● **THE TASK**
Repeat the listing exactly as given, omitting every image.

···

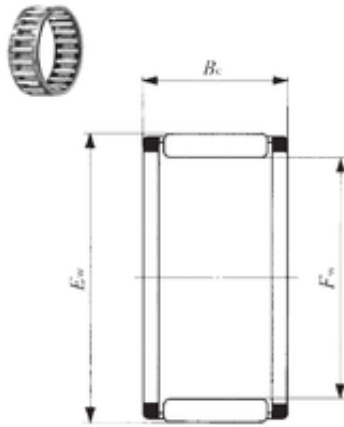

## IKO KT 182213 needle roller bearings

Bearing No. KT 182213

Bore Diameter	18 mm
Outer Diameter	22 mm
Fw	18 mm
Ew	22 mm
Bc	13 mm
Weight	0,0076 Kg
Basic dynamic load rating (C)	9,33 kN
Basic static load rating (C0)	12,7 kN

KT 182213 Bearing 2D drawings and 3D CAD models
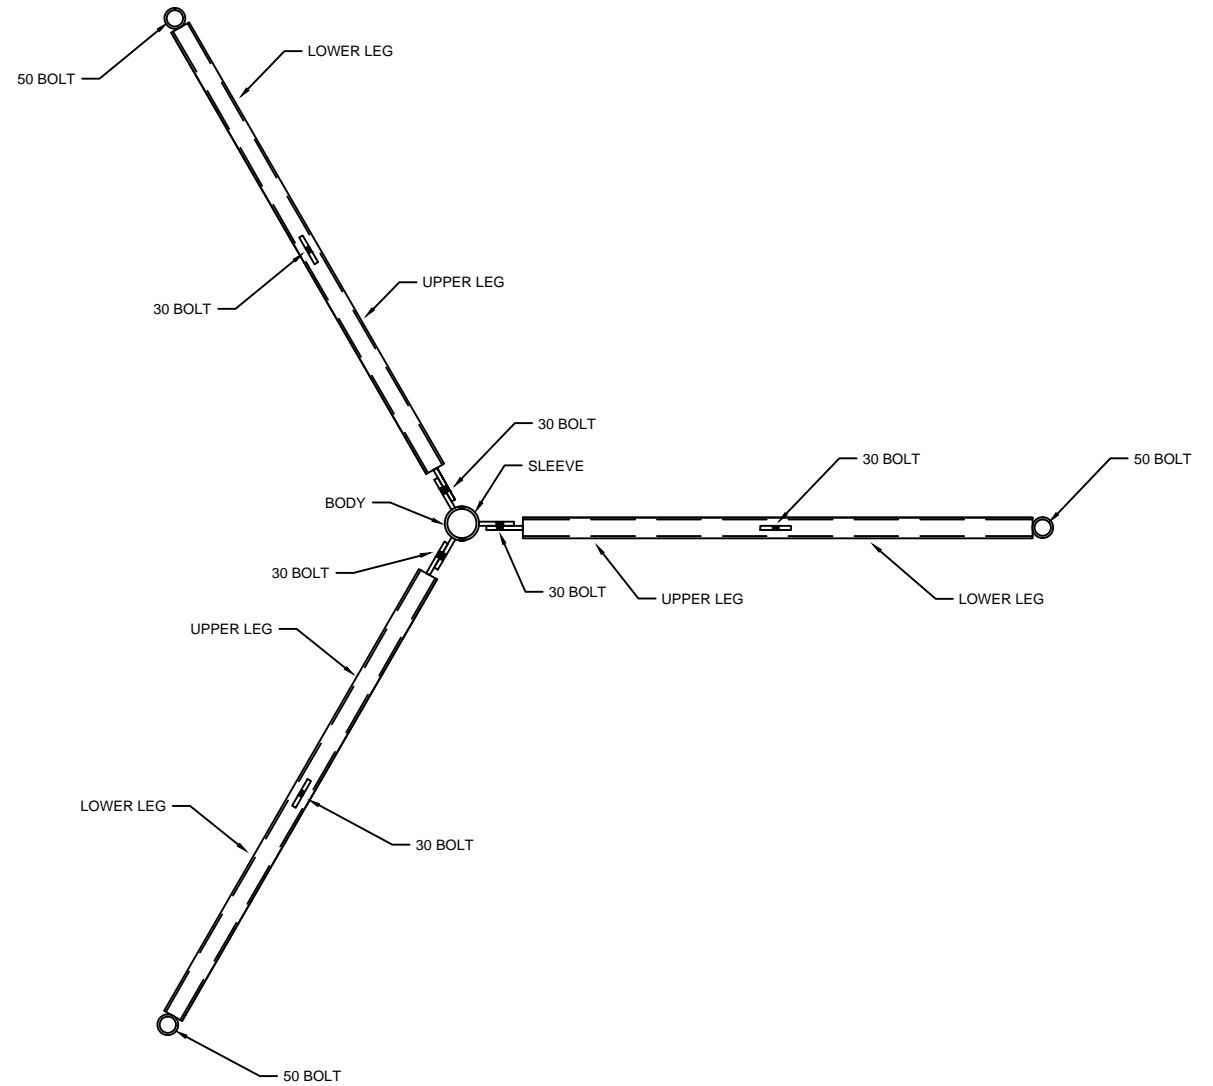

PROFILE

PLAN

GENERAL NOTES :
ALL DIMENSIONS ARE IN MM UNLESS NOTED OTHERWISE

RELATED DRAWINGS REFERENCE	
DRG. NO.	TITLE
TA-FD-MP02	ALUMINIUM ALLOY TRIPOD - CLEATS
TA-FD-MP03	ALUMINIUM ALLOY TRIPOD - MEMBERS
TA-FD-MP04	ALUMINIUM ALLOY TRIPOD - ASSEMBLY
TA-BD-MB03	TRIPOD FEET

SCALE: DRAWING
NOT TO SCALE

DO NOT SCALE
IF IN DOUBT ASK

DWN: RO CHK: DP

REV	DESCRIPTION	BY	DATE
A	ISSUED	RO	24.03.15

PROJECT	TELCO ANTENNAS
	FABRICATION DRAWING
TITLE	ALUMINIUM ALLOY TRIPOD - ASSEMBLY
DRG. No.	TA-FD-MP04
REV.	A
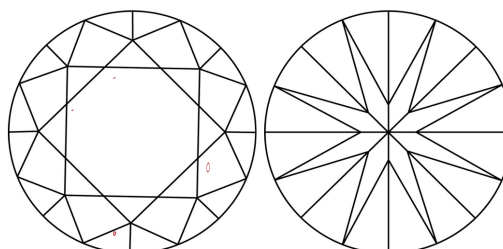

May 14, 2024
IGI Report Number **LG634439291**
Description **LABORATORY GROWN DIAMOND**
Shape and Cutting Style **ROUND BRILLIANT**
Measurements **9.37 - 9.40 X 5.67 MM**

GRADING RESULTS
Carat Weight **3.05 CARATS**
Color Grade **E**
Clarity Grade **VS 1**
Cut Grade **IDEAL**

PROPORTIONS

CLARITY CHARACTERISTICS

KEY TO SYMBOLS

Red symbols indicate internal characteristics.
Green symbols indicate external characteristics.

Sample Image Used

COLOR

D E F G H I J Faint Very Light Light

···

● **EXERCISE SOLUTION**
## IKO KT 182213 needle roller bearings

Bearing No. KT 182213

Bore Diameter	18 mm
Outer Diameter	22 mm
Fw	18 mm
Ew	22 mm
Bc	13 mm
Weight	0,0076 Kg
Basic dynamic load rating (C)	9,33 kN
Basic static load rating (C0)	12,7 kN

KT 182213 Bearing 2D drawings and 3D CAD models

PROFILE

PLAN

GENERAL NOTES :
ALL DIMENSIONS ARE IN MM UNLESS NOTED OTHERWISE

RELATED DRAWINGS REFERENCE	
DRG. NO.	TITLE
TA-FD-MP02	ALUMINIUM ALLOY TRIPOD - CLEATS
TA-FD-MP03	ALUMINIUM ALLOY TRIPOD - MEMBERS
TA-FD-MP04	ALUMINIUM ALLOY TRIPOD - ASSEMBLY
TA-BD-MB03	TRIPOD FEET

SCALE: DRAWING
NOT TO SCALE

DO NOT SCALE
IF IN DOUBT ASK

DWN: RO CHK: DP

REV	DESCRIPTION	BY	DATE
A	ISSUED	RO	24.03.15

PROJECT	TELCO ANTENNAS
	FABRICATION DRAWING
TITLE	ALUMINIUM ALLOY TRIPOD - ASSEMBLY
DRG. No.	TA-FD-MP04
REV.	A

May 14, 2024
IGI Report Number **LG634439291**
Description **LABORATORY GROWN DIAMOND**
Shape and Cutting Style **ROUND BRILLIANT**
Measurements **9.37 - 9.40 X 5.67 MM**

GRADING RESULTS
Carat Weight **3.05 CARATS**
Color Grade **E**
Clarity Grade **VS 1**
Cut Grade **IDEAL**

PROPORTIONS

CLARITY CHARACTERISTICS

KEY TO SYMBOLS

Red symbols indicate internal characteristics.
Green symbols indicate external characteristics.

Sample Image Used

COLOR

D E F G H I J Faint Very Light Light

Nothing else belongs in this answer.